Q. Can credit consultants really change derogatory information in credit reports even if the problems are my fault? I am having conflicting thoughts about paying one to improve my credit rating. Ed Palmer Van Nuys, Calif.

A. And well you should. For a fee of $50 to $1,000, some of these so-called % repair clinics claim that, like fairy godmothers, they can transform Duke Deadbeat into Prince Paid-on-Time. But let's look at the facts. The federal Fair Credit Reporting Act specifies exactly what can be written into your credit report and how long it must stay there. If you fail to meet payments on a car loan or other consumer loan, say, that misstep sticks to you for seven years. If you file for bankruptcy, the black mark remains for a decade. So unless your credit record contains outright errors, which you could fix yourself by writing to the credit bureau, there is often little that consultants can do. Sometimes they resort to chicanery -- like bombarding the credit bureau with phony disputes over every bill in hopes of getting some charges erased. For real help, call the National Foundation for Consumer Credit (800-388-2227), a nonprofit organization with almost 500 counseling centers in the U.S. and Canada. Its counselors can help you design a budget and negotiate with your creditors a program to repay your debts, usually in two to four years. Their fee: $10 or so.

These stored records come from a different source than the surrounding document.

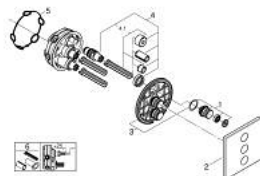

29 127 MG0 GROHTHERM SMARTCONTROL TRIPLE VOLUME CONTROL TRIM

PRODUCT DESCRIPTION

- Tyc: satin graphite
- trim set for GROHE Rapido SmartBox (35 600/35 604)
- metal wall escutcheon with GROHE FastFixation (covered escutcheon and shaft sealing, covered fixing), retroactively 6° adjustable
- GROHE LongLife finish
- GROHE SmartControl - control the shower with intuitive push/turn button
- exchangeable symbols
- GROHE TurboStat - compact cartridge with wax thermoelement
- GROHE SafeStop safety button at 38°C (calibration required)
- GROHE SafeStop Plus - optional temperature limiter at 43°C or 46°C included
- built-in non return valves and dirt strainers
- multiple outlets can be run simultaneously
- without roughing-in set 35 600/35 604 (please order separately)
- flow performance: outlet A = 23 l/min, outlet B = 27 l/min, outlet C = 23 l/min, outlet A + B = 33 l/min, outlet A + B + C = 36 l/min

29 127 MG0 GROHTHERM SMARTCONTROL TRIPLE VOLUME CONTROL TRIM

SPARE PARTS

- 1: Push button (Spare part-nr. 48361MG0)
- 2: escutcheon (Spare part-nr. 48368MG0)
- 3: Mounting plate (Spare part-nr. 48365000)
- 4: Cartridge (Spare part-nr. 48359000)
- 4.1: Spindle (Spare part-nr. 49088000)
- 5: Seal (Spare part-nr. 48360000)
- 6: Universal extension set single-lever mixers, 25 mm (Spare part-nr. 14048000)*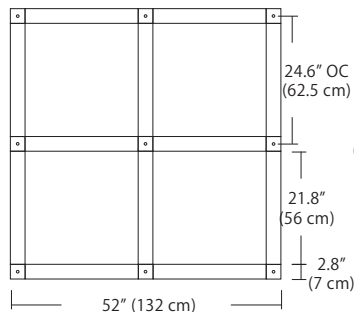

Solo 22" Grid Configuration - See [Solo Grid Configuration](#) section of our website for specific information (#)

MPC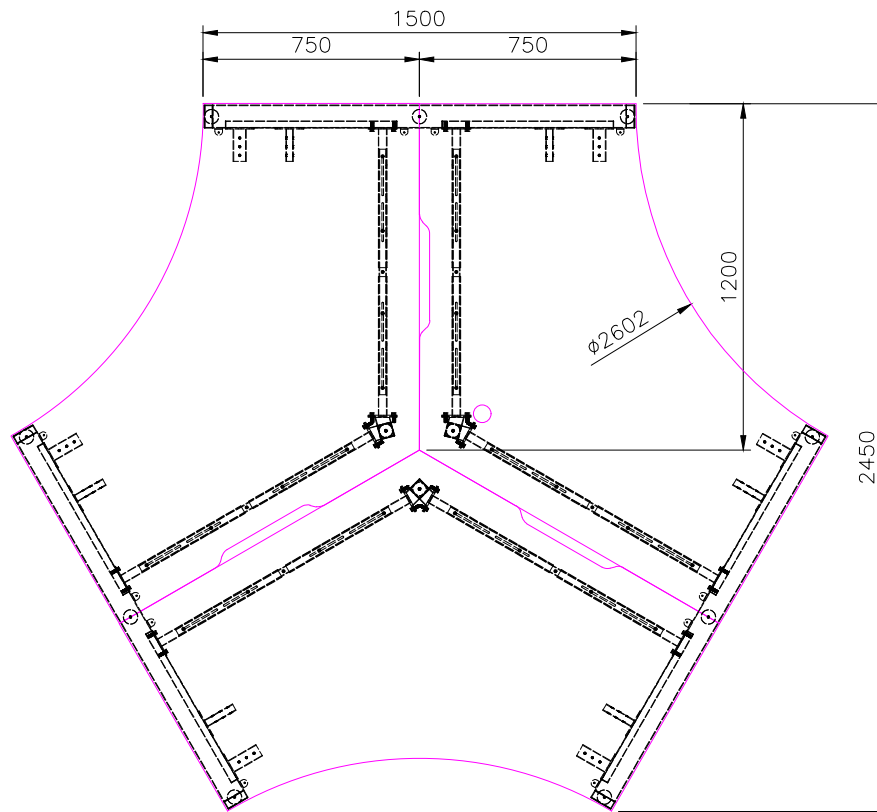

ISOMETRIC VIEW

TOP VIEW

FRONT VIEW

Office FURNITURE
Brisbane

PRODUCT CODE:
ST-120-3-127
ASSEMBLED SIZE:
1200L x 750D x 725H

REMARKS:
ST-PR15E + ST-AB8012 + RO-120
Office FURNITURE
Brisbane

Q. I am worried about the 401(k) plan my employer is offering. It seems to allow the trustee -- in this case, the company's owner -- to borrow money against the employees' funds. Is there any insurance to protect employees if their money is misused? George J. Reed Minneapolis

A. Don't fret about that ''right to borrow'' clause. Many plans include some such language so that the trustee can borrow when appropriate to further the plan's investments -- for example, to buy stock on margin. ERISA (the Employee Retirement and Income Security Act) and other federal laws and regulations require employees' funds to be held in trust and generally forbid their use for corporate purposes. Unlike pensions and other defined-benefit plans, however, 401(k)s are not federally insured. The Department of Labor polices 401(k)s, but it monitors only a tiny percentage of them each year. So you should scrutinize all plan statements that you get. And if you suspect shady dealings, complain in writing to the Division of Inquiries and Technical Assistance (U.S. Department of Labor, Pension and Welfare Benefits Administration, Room N-5658, 200 Constitution Ave. N.W., Washington, D.C. 20210; 202-523-8776).

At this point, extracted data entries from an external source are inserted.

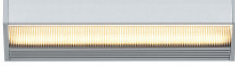

Serien Lighting SML² Wall 220, 3000K

The LED wall lamp SML² Wall 220 by Serien Lighting of aluminium for warm white 3000K light upwards and downwards. Depending on the cover, different lighting effects are created. Dimmable trailing edge.

black, satinée/raster	489,00 €-MSRP 520,00-€
MPN	SM1240
EAN	4260331394803
black, satinée/satinée	489,00 €-MSRP 520,00-€
MPN	SM1239
EAN	4260331394797
silver, satinée/raster	489,00 €-MSRP 520,00-€
MPN	SM1236
EAN	4260331394766
silver, satinée/satinée	489,00 €-MSRP 520,00-€
MPN	SM1235
EAN	4260331394759
white, satinée/raster	489,00 €-MSRP 520,00-€
MPN	SM1238
EAN	4260331394780
white, satinée/satinée	489,00 €-MSRP 520,00-€
MPN	SM1237
EAN	4260331394773
polished, satinée/raster	539,00 €-MSRP 570,00-€
MPN	SM1242
EAN	4260331394827
polished, satinée/satinée	539,00 €-MSRP 570,00-€
MPN	SM1241
EAN	4260331394810

Bulbs
Dimensions

15W LED, 3.000K, 1560lm, CRI>90.
Width 22 cm, height 2.5 cm, depth 8.5 cm.

18.04.2024 20:36:06

All prices shown include 19% VAT for deliveries to Deutschland excluding possible shipping costs.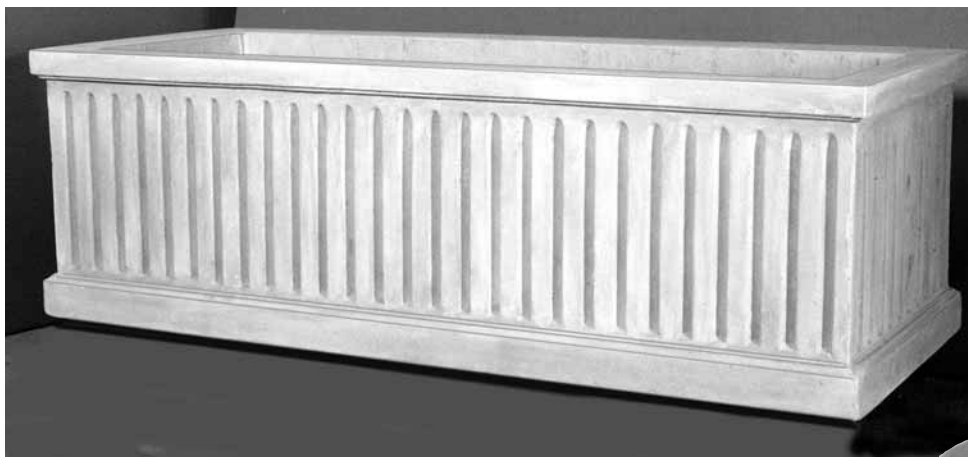

NO. 325 PLANTER
Cast Stone, 22" h X 14" diameter

NO. 38 PLANTER
Cast Stone, 9" h
Top 13" diameter

NO. 356 PLANTER
Cast Stone
6" h X 14" diameter

PLANTERS

NO. 917A PLANTER
Cast Stone
72"l X 10"h X 12"w

NO. 918 PLANTER
Cast Stone
60"l X 19"h X 24"w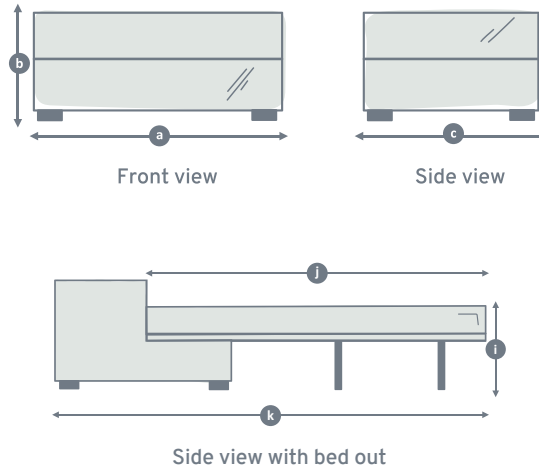

WILLOW & HALL

BEAUTIFULLY BRITISH HANDMADE FURNITURE

Bed in a box

The Pewsey

Model	Total width large (a)	Total width extra large (a)	Total height (b)	Total depth large (c)	Total depth extra large (c)	Mattress width large (h)	Mattress width extra large (h)	Mattress height (i)	Mattress length (j)	Total depth extended (k)	Leg height
The Pewsey	98	118	45	89	89	75	95	54	182	228	7

All dimensions in centimetres (cm).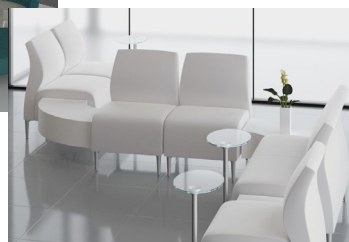

Sauder -
Puzzle

Krug -
Zola

ERG International -
Laguna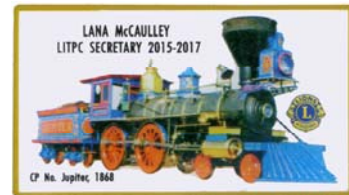

AT 0552 17
Lana McCaulley (PA)
CP No. Jupiter 1868
LITPC Secretary 2015-2017

NOTE: This pin will be introduced at the North Carolina Swap at Camp Dogwood.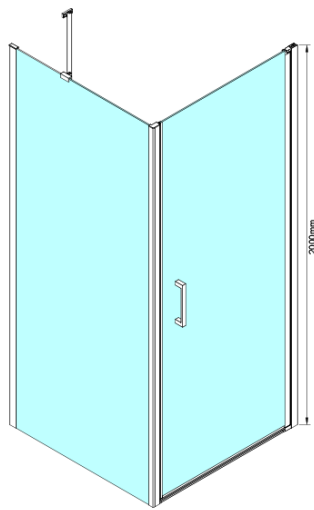

LORO Side Screen 800mm, clear glass

Order code: GN3580

Basic information

Brand: Gelco

Series: LORO

Size

Height: 2000 mm

Depth: 800 mm

Properties

Profile colour: Chrome - polished aluminum

Shape: Fixed panel for shower door

Glass colour: TRANSPARENT glass

Glass finish: Coated glass

Glass thickness: 6 mm

Properties: Frameless design

Weight / Piece: 34.0 kg

Packaging: 1 Piece

Warranty: 3 years

Spare parts

LORO Mounting Kit (Order code: NDGN01)

Technical sheet

GN4470/GN4480/GN4490 + GN3580/GN3590/GN3510/GN3512

Model	A	B	D
GN4470	685-715	570	
GN4480	785-815	670	
GN4490	885-915	770	
GN3580			785-805
GN3590			885-905
GN3510			985-1005
GN3512			1185-1205

Q. I work for the Postal Service, and for the past six months I have tried to get disability insurance. The companies I've contacted don't cover civil servants. Help! Shirley W. Floyd Florence, S.C.

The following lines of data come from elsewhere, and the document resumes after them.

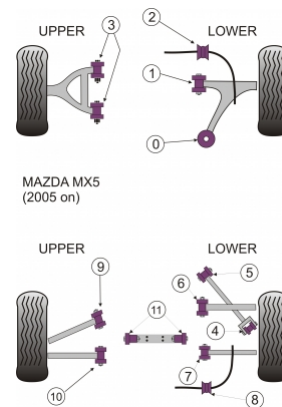

## MAZDA - MX-5 MK3 2005 ON

### PRODUCT PRICING INFORMATION

The prices shown on our website are per bush.

To get the total pack price you will need to multiple this price by the number of bushes per vehicle.

**Bush Price x Qty Per Car = Pack Price**

In addition to the Road Series parts listed please check the Black Series website for other bushes suitable for this car that may be more suited to Track/Race use.

Bush description	Quantity Per Car	Diagram Reference	Part Number	Retail Price Each
 <b>Front Lower Arm Rear Bush</b> Click for fitting instructions	2	0	<b>PFF 36400</b>	
 <b>Front Lower Wishbone Front Bush</b>	2	1	<b>PFF 36401</b>	
 <b>Front Anti Roll Bar Bush 21mm</b>	2	2	<b>PFF 3640221</b>	
 <b>Front Upper Wishbone Bush</b>	4	3	<b>PFF 36403</b>	
 <b>Rear Trailing Arm Rear Bush</b>	2	4	<b>PFR 36404</b>	
 <b>Rear Trailing Arm Front Bush</b>	2	5	<b>PFR 36405</b>	

	<b>Rear Track Control Arm Inner Bush</b>	<b>2</b>	<b>6</b>	<b>PFR 36406</b>
	<b>Rear Link Arm Inner Bush</b>	<b>2</b>	<b>7</b>	<b>PFR 36407</b>
	<b>Rear Anti Roll Bar Bush 12mm</b>	<b>2</b>	<b>8</b>	<b>PFR 3640812</b>
	<b>Rear Upper Forward Link Arm Inner Bush</b>	<b>2</b>	<b>9</b>	<b>PFR 36409</b>
	<b>Rear Upper Rear Arm Inner Bush</b>	<b>2</b>	<b>10</b>	<b>PFR 36410</b>
	<b>Rear Diff Carrier Bracket Bush</b>	<b>2</b>	<b>11</b>	<b>PFR 36411</b>

A. Neither snow nor rain keeps you from delivering the mail, so what's stopping you from making the appointed rounds of insurance companies? We found several in your area, including Farm Bureau and Mutual of Omaha, that have no ban on civil servants. In fact, both would be delighted to accept your premium payments. (A Mutual of Omaha policy that pays up to $1,000 a month for two years, for example, would cost a 35-year-old nonsmoking female postal worker about $58 a month and a 55-year-old about $83 a month.) So dial, smile and remember: if you've got money to spend, there's always someone who'll take it.